Note
Go to the end to download the full example code.
Deep Learning
Recall that skerch operations admit any linear operator that implements
left- and right matrix multiplication via the @ operator, and the
.shape = (height, width) attribute.
The CurvLinOps library
provides curvature linear operators that satisfy this requirement, for a
variety of very useful objects such as the Hessian, the Jacobian and the
Generalized Gauss-Newton (GGN). It is also implemented with PyTorch as a
backend, but the curvlinops operators actually implement SciPy’s
LinearOperator
interface, so not only they are compatible with skerch: they can also be
used with most of the LinAlg routines available in SciPy.

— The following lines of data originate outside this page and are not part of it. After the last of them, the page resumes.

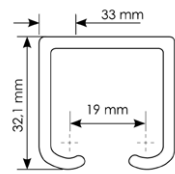

RFH-100*75*2,5 SG

RS 100*70*2.5-4BB SG

RS 100*70*2.5-4BB AC

SLIDING DOORS

R-SET 4

верхние направляющие TRACK 2M, 3M

R-SET 8

нижняя направляющая TRACK-B 10x10x10 1M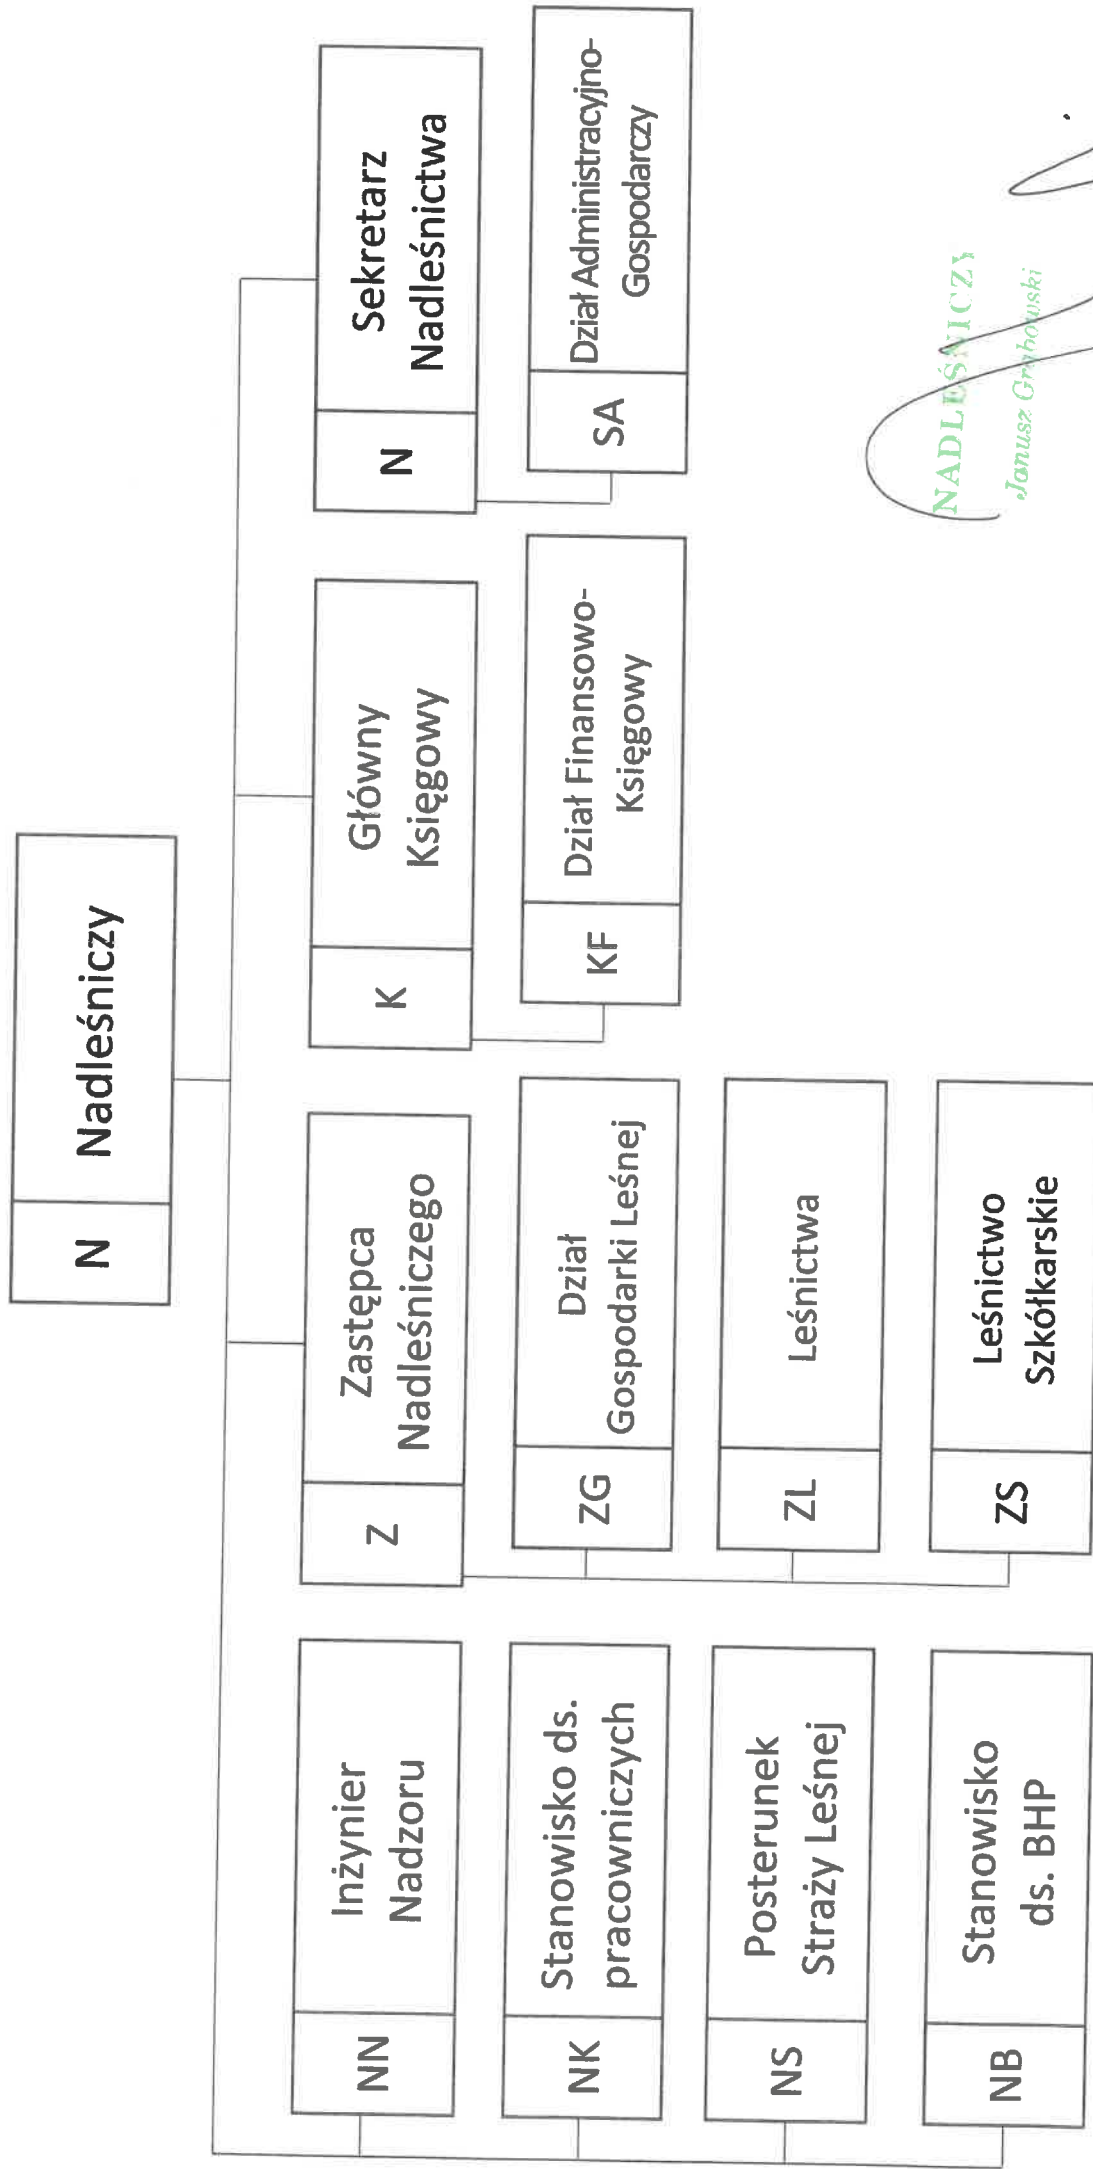

SCHEMAT ORGANIZACYJNY NADLEŚNICTWA LIPKA

NADLEŚNICZY
Janusza Grybowski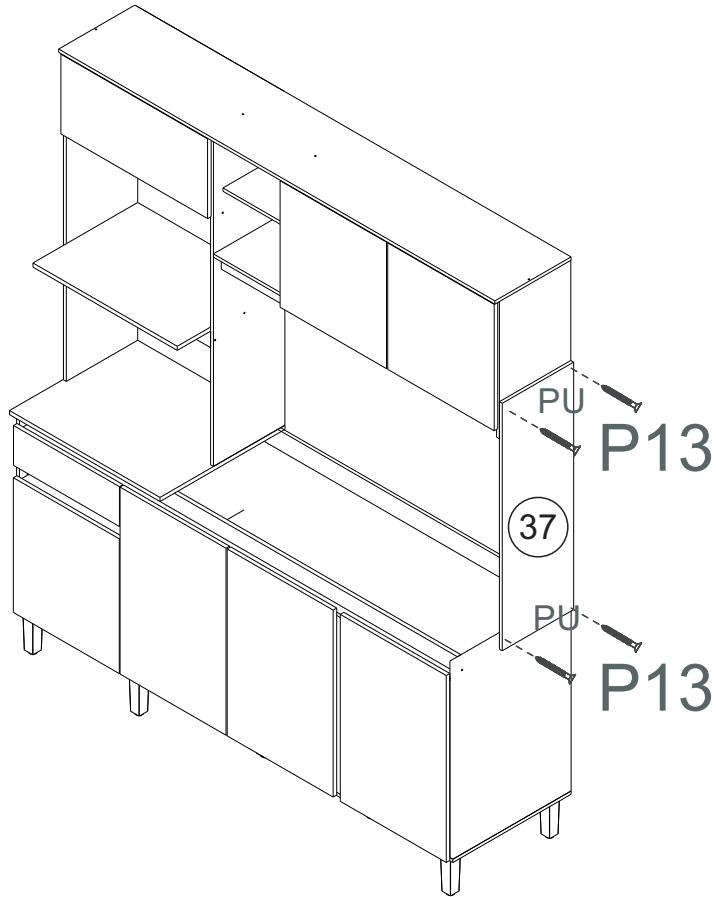

# CO2710L- COZINHA

Manual de Montagem  
 Assembly Instructions  
 Instrucción de Montaje

**decibal**<sup>®</sup>  
 móveis

<b>P13</b>	 PARAFUSO/TORNILLO/SCRE 4X22	10178	<b>04</b>
<b>PU</b>	 PARAFUSO UNIÃO/UNIÓN DETORNILLO /SCREW UNION	01495	<b>02</b>

**CO2710L**

<b>37</b>	0532422	LATERAL/LATERAL/SIDE 900X300X12 MM P	1,00	3
<b>38</b>	0534681	COSTA/REVÉS/BACK 900X120X2,8 MM P	1,00	3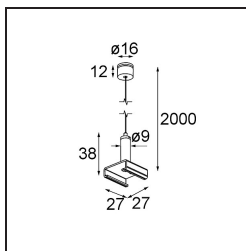

Datum

Klant

Project

Soort

*Track 230V Suspension Kit 2000 Black Structure*

**Specificaties**

Materiaal	13813232
Lamp inbegrepen	Neen
Aantal Lichtbronnen	0
IP-klasse	20
Gloeidraadtest (°C)	960
Binnen/Buiten	Binnen
Verstelbaarheid	Not Applicable
Primaire Kleur & Primaire Afwerking	Zwart, Structuur
Brutogewicht (g)	68,0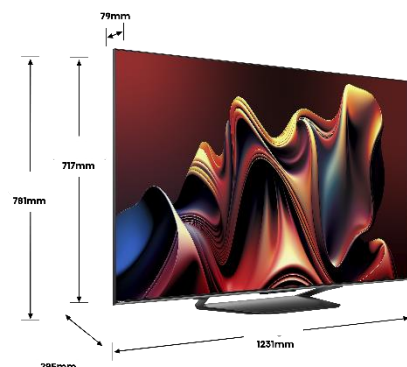

ACCESSOIRES FOURNIS

Télécommande	Télécommande vocale (ERF6A66)
Piles pour télécommande	AAx2
Compatibilité fixation VESA (mm)	400 x 200 mm
Câble d'alimentation	Oui

SPECIFICITES TECHNIQUES

Référence	55U7NQ
EAN	6942351404325
Dimension du carton (L*P*H, en mm)	1387x145x888mm
Dimension du produit avec les pieds	1231x295x781mm
Dimension du produit sans les pieds	1231x79x717mm
Écartement du/des pied(s)	-
Poids du produit + carton	20.4kg
Poids du produit avec pieds	15.4kg
Poids du produit sans pieds	13.9kg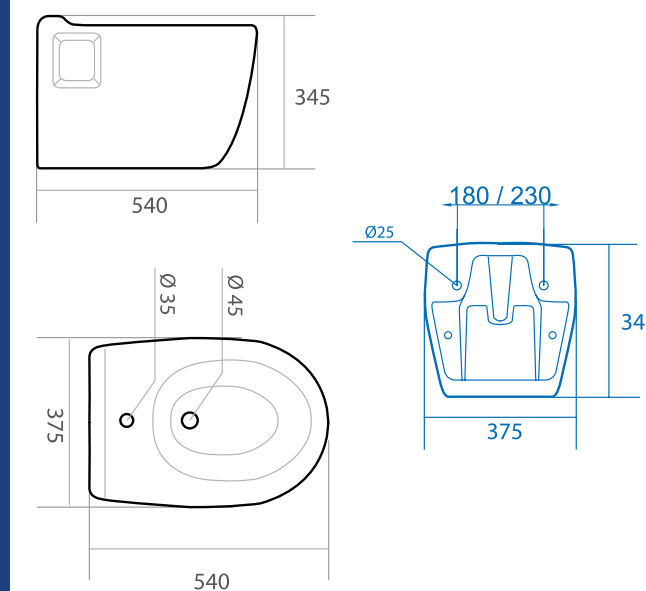

BIDET SUSPENDU RÉF.: 104911000001

Dimensions | 540 x 375 x 345 mm

In this example, we show how to obtain an accurate and full Hessian
eigendecomposition from a deep learning setup, using skerch’s
sketched EIGH combined with curvlinops. To verify the high quality of the
resulting sketched approximation, we apply the a-posteriori test method
discussed in Sketched Low-Rank Decompositions (see also
skerch.a_posteriori).
This small-scale example, which runs in under a minute on CPU, is already
borderline intractable using traditional linear algebra routines. Thanks to
the pytorch backend, we can also use GPU acceleration with minimal
changes reaching substantially larger scales. And we can also reach even
larger scales if we make use of out-of-core, distributed computations (see
Out-of-core Operations via HDF5 for guidelines and
this paper for an application
example).
import matplotlib.pyplot as plt
import torch
from curvlinops import HessianLinearOperator
from skerch.a_posteriori import apost_error
from skerch.algorithms import seigh
from skerch.linops import CompositeLinOp, DiagonalLinOp
from skerch.utils import gaussian_noise, rademacher_noise
Setup
Curvature matrices are a function of a dataset, model and loss function. For this example, we create a synthetic dataset and a model with >30000 parameters, resulting in a Hessian of >1 billion entries.
SEED = 12345780
DTYPE = torch.float32
# medium-scale config to run on autodoc CPU server.
# change to "cuda" and bigger data/MLP to test larger scales locally
DEVICE = "cpu"
DATASET_SHAPE = (2, 50, 784) # num_batches, batch_size, xdim
MLP_DIMS = (784, 50, 10)
SKETCH_DIMS, TEST_MEAS = 2000, 30
# synthetic dataset, model and loss function
X = gaussian_noise(DATASET_SHAPE, seed=SEED, dtype=DTYPE, device=DEVICE)
Y = rademacher_noise(
DATASET_SHAPE[:-1] + (MLP_DIMS[-1],), seed=SEED + 1, device=DEVICE
).to(DTYPE)
dataloader = list(zip(X, Y))
model = torch.nn.Sequential(
*sum(
[
[torch.nn.Linear(i, o), torch.nn.ReLU()]
for i, o in zip(MLP_DIMS[:-1], MLP_DIMS[1:])
],
[],
)[:-1]
).to(DEVICE)
loss_function = torch.nn.MSELoss(reduction="mean").to(DEVICE)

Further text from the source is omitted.